Seven Against Reeves by Richard Aldington (1938)

Review by George Simmers (see his Great War Fiction blog here).

Seven Against Reeves is quite an interesting novel, in that it is a book by a highbrow with a middlebrow hero, and it very strongly upholds middlebrow – or indeed Philistine – values.  The book is a lively satire on artistic pretentiousness.

When John Reeves retires from the City at fifty, having made his fortune, he looks forward to twenty years of doing as he pleases. His wife has social ambitions, however, and pays Hawksneetch, a pretentious young Oxford graduate with useful connections, to introduce them to nobility, celebrities and artists. Reeves finds all of these unpleasant; the artists are all pretentious modernists. He finds himself expected to buy paintings he dislikes, and to subsidise a composer of raucous music. The family travel in Europe, where they meet more artistic parasites and aristocratic crooks; the daughter becomes engaged to a gigolo. Reeves finally gets the opportunity to stand up to his family.

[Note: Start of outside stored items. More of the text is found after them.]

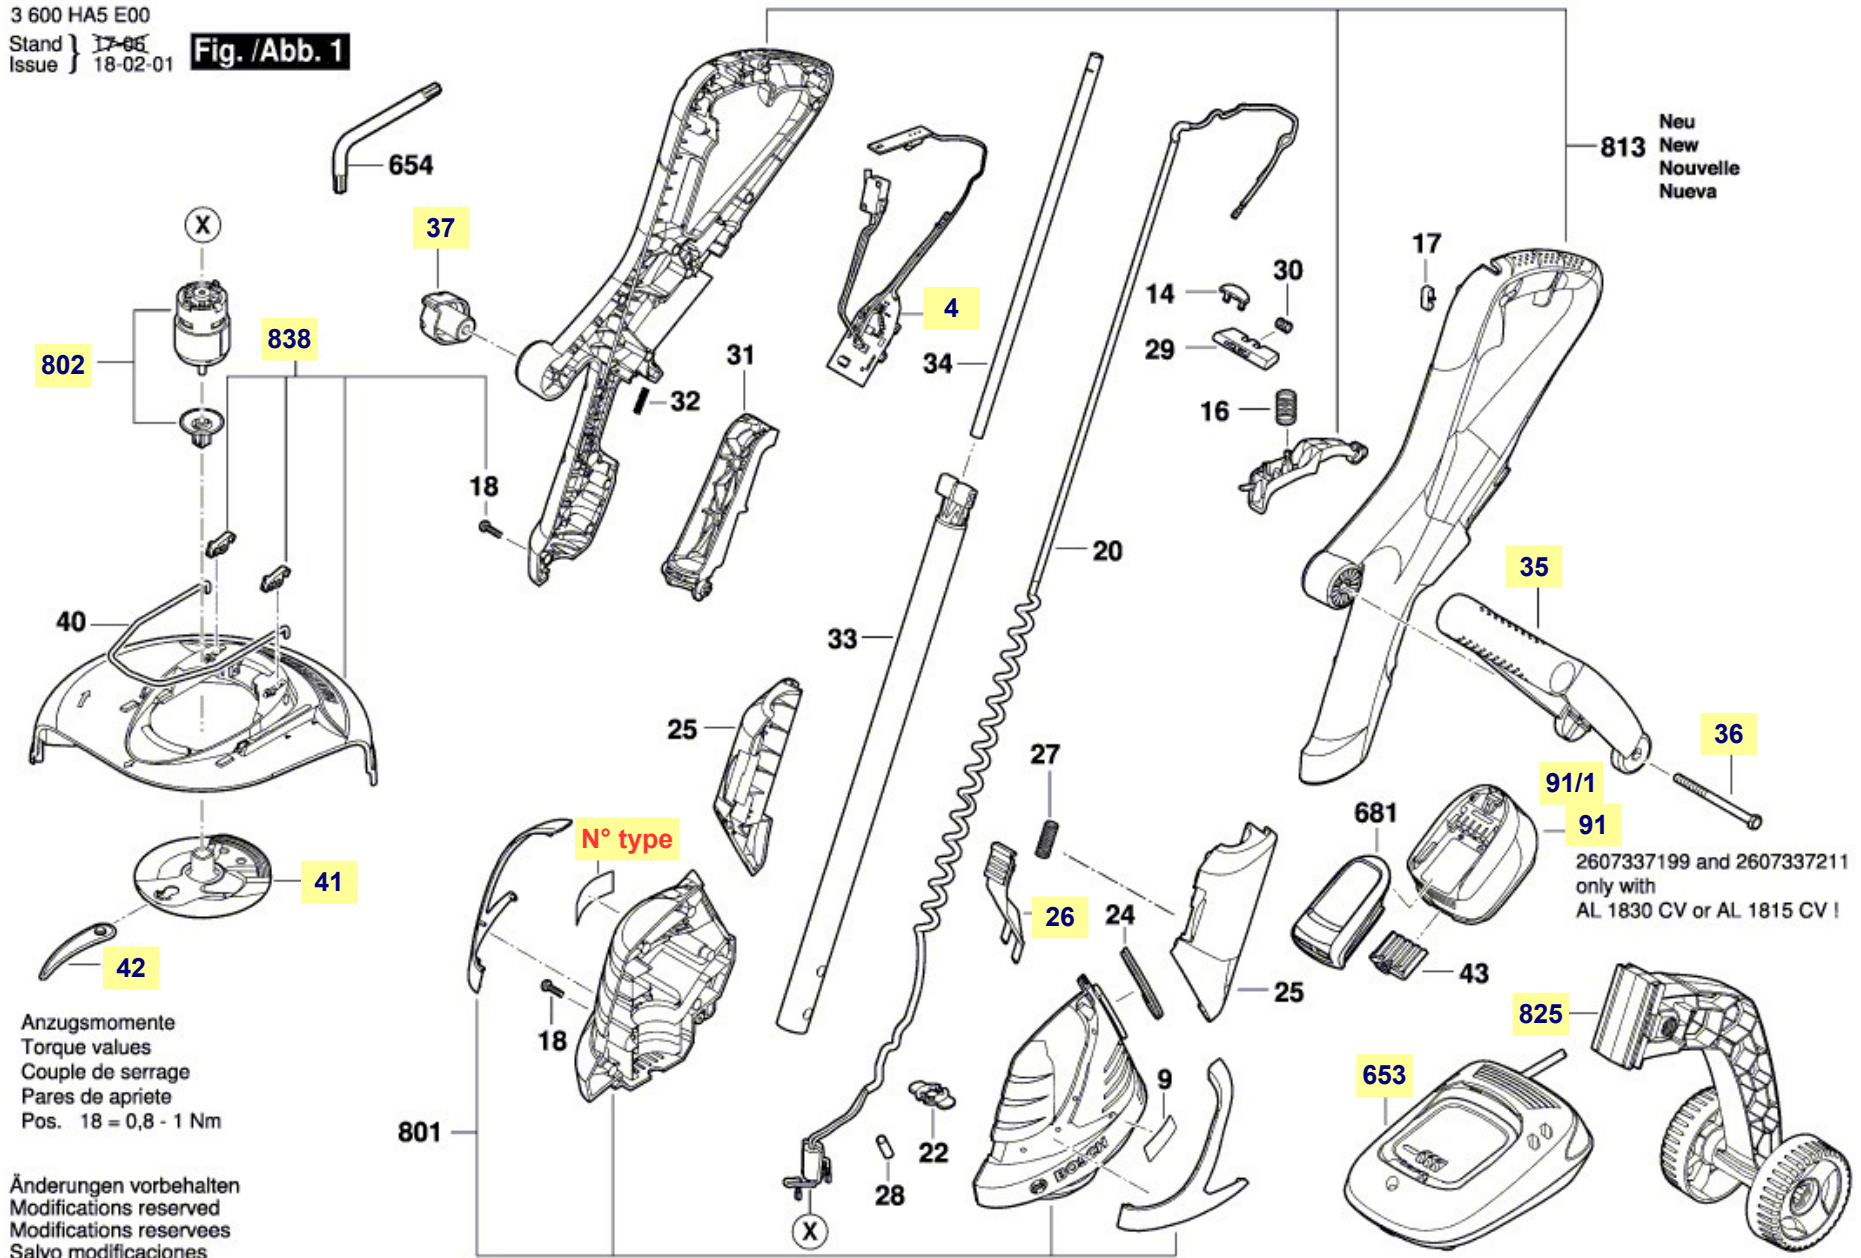

Pièces détachées coupe-bordures ART 26-18 LI Bosch Typ 3 600 HA5 E00

3 600 HA5 E00
 Stand } 17-05
 Issue } 18-02-01

Fig. /Abb. 1

Neu
 New
 Nouvelle
 Nueva

Anzugsmomente
 Torque values
 Couple de serrage
 Pares de apriete
 Pos. 18 = 0,8 - 1 Nm

Änderungen vorbehalten
 Modifications reserved
 Modifications reserves
 Salvo modificaciones

2607337199 and 2607337211
 only with
 AL 1830 CV or AL 1815 CV !

La pièce que vous recherchez n'a pas de lien? Contactez nous!

Reeves is an innocent of conservative tastes, thrust into an artistic world of fakes and chancers, and the novel completely endorses his disgust at the art he is offered and the people he meets. What I found interesting about this book is that Aldington, originally an Imagist poet closely associated with T. S. Eliot, offers very much the same crudely negative representation of modernist art that might be expected in a middlebrow comedy of the period. All the artists are absurd, all are greedy, all batten on the prosperous Reeves without a twinge of conscience. There is no instance of a genuine artist to contrast with the parasites and fakes.

The way that Aldington signals that he has a wider knowledge and higher values than his characters is through his language, and especially by the use of quotation. The title, Seven against Reeves, for example, presumably refers to the tragedy by Aeschylus, Seven against Thebes, about the army of champions who attacked the city after the death of Oedipus. Why Aldington considered it apposite, I don’t know.  He also scatters little references to high culture throughout his text, like in-jokes. One that I spotted comes when Reeves has exhausted the resources of a hotel library:

‘He did not go there now for intellectual refreshment – his flesh was sad, alas! And he had read all the Edgar Wallaces.’ (168)

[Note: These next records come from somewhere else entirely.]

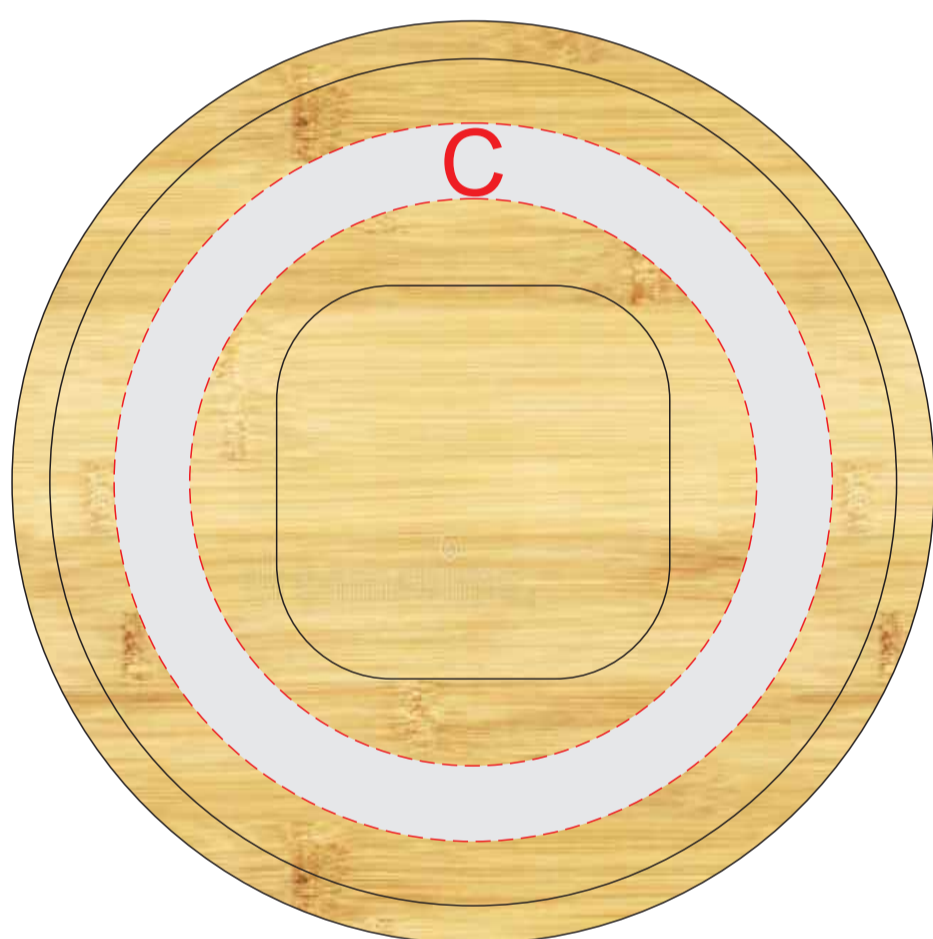

подставка, вид сверху

подставка, вид снизу

**Внимание!**

Гравировка будет неоднородна из-за свойств структуры дерева.  
Рекомендуем выбирать контурную гравировку.  
Точное позиционирование в зоне С невозможно.

<b>A</b>	<b>Вид нанесения</b>	<b>Макс площадь (Ш*В)</b>
	Тампопечать	25x15мм
<b>B</b>	<b>Вид нанесения</b>	<b>Макс площадь (Ш*В)</b>
	Деколь	180x15мм
<b>C</b>	<b>Вид нанесения</b>	<b>Макс площадь (Ш*В)</b>
	Гравировка	95x95мм
<b>D</b>	<b>Вид нанесения</b>	<b>Макс площадь (Ш*В)</b>
	Гравировка	100x100мм

This sentence is a parody of Mallarmé’s Brise Marine: ‘La chair est triste, hélas! et j’ai lu tous les livres.’   Like the title, this reference has nothing much to do with the events or characters of the story; it is there to demonstrate the writer’s superiority, and maybe to flatter the reader who gets the reference.

Aldington gets some of his comedy by showing us the parasites through the innocent eyes of Reeves, who dislikes them intuitively, but does not recognise the signs that most of the artistic poseurs are homosexual. In Venice, for example, he is introduced to a literary man with the suggestive name of Mr Philboy, who has a much younger friend, Erasto Paederini:

Mr Reeves wondered why Mr Philboy went about with him, not realising that to the over-sophisticated nothing is so attractive as the purely natural man… (182)

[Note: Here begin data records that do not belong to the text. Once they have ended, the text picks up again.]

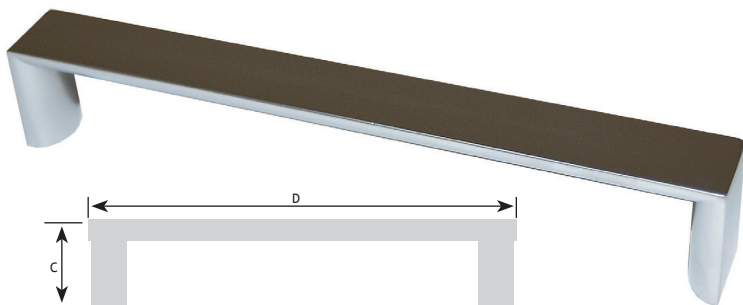

MODERN BESLAG

GREPEN

Rechte greep 12 x 25 mm

AFMETINGEN					CODE
A	B	C	D	E	
12 mm	30 mm	25 mm	172 mm	160 mm	rvs-look 8754-6925

Rechte greep 28 x 25 mm

AFMETINGEN					CODE
A	B	C	D	E	
28 mm	25 mm	30 mm	173 mm	128 mm	rvs-look 8760-1912
28 mm	25 mm	30 mm	205 mm	160 mm	rvs-look 8760-2916

AFMETINGEN				CODE
A	C	D	E	
19 mm	30 mm	168 mm	160 mm	chrom mat 8753-3316

Rechte greep 7 x 18 mm

AFMETINGEN					CODE
A	B	C	D	E	
7 mm	18 mm	38 mm	200 mm	192 mm	rvs-look 8852-1192
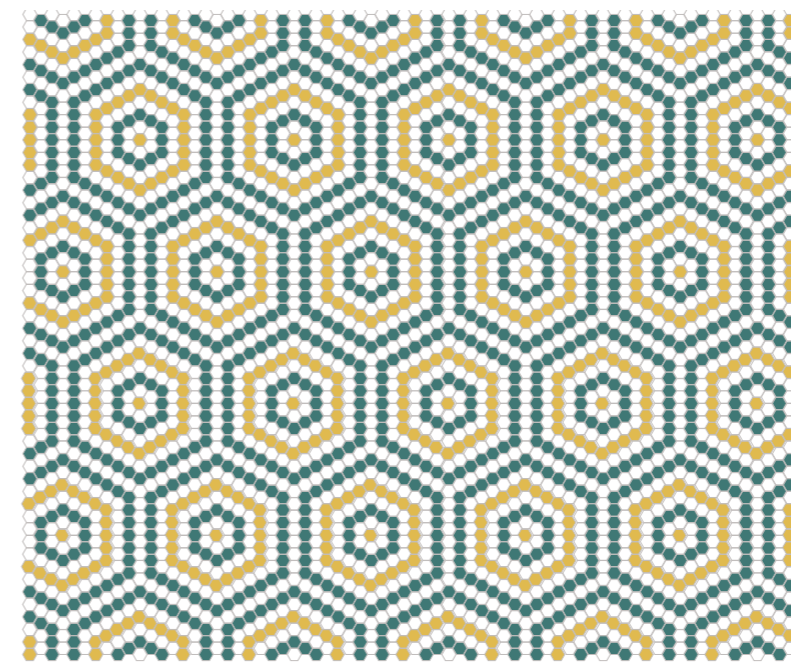

STON
Pattern C

STON
Pattern F

Cod. 25

formato / size	esa 23 / hexa 23 mm
spessore - thickness	6 mm
giunto - joint	1 mm

I motivi raffigurati rappresentano solo alcuni esempi, i decori possono essere personalizzati.

The motifs shown are just a few examples, the decorations can be customized

Les motifs représentés ne sont que quelques exemples, les décors peuvent être personnalisés.

Die dargestellten Motive sind nur einige Beispiele, die Dekore können personalisiert angefertigt werden.

colori disponibili / available colors:

- Forest matt
- Navy matt
- Blush matt
- Tan matt
- Nude matt
- Carta da Zucchero matt
- Bubblegum matt
- Salvia matt
- Ecrù matt
- Salt matt
- Dust matt
- Saddle matt
- Juta matt
- Graphite matt
- Pure matt
- Pure glossy

*altri colori su richiesta
other colors upon request
autres couleurs sur demande
andere Farben auf Anfrage*

*montato su rete in fibra di vetro
back mounted on glass fibre mesh
collée sur trame en fibre de verre
auf Glasfasernetz verklebt*

The representation of homosexuals is crude and stereotyped. When two of them argue, for example, they get into a screaming match:

‘You slut!’

‘You hussy!’

I am unsure how far the artists Aldington describes are based on real people. Philboy, for example, leads the expatriate lifestyle of Norman Douglas, author of South Wind. Aldington was a friend of Douglas’s, but that would not necessarily stop him from caricaturing him. In Stepping Heavenward (1931) he had mocked  his former friend T.S. Eliot in a very wounding way, as a cold-hearted prophet who drives his wife mad. Aldington was not a very nice man.

This is not really a good novel, since most of the characters are caricatures or stereotypes. The satire is laid on very thick and does not make fine distinctions. On the other hand, it’s  readable, and contains some lively writing. For example, when Reeves is fed up with his wife’s social climbing:

Like the Scot who considered the fall of man to be particularly hard on him, as he didn’t care a dom about apples, Mr Reeves felt this was particularly hard on him, as he didn’t care a damn about notabilities. But what could he do? Nothing but rustle the Telegraph in an ominous way, and say ‘Umph’ at intervals. (203)

6 thoughts on “Seven Against Reeves by Richard Aldington (1938)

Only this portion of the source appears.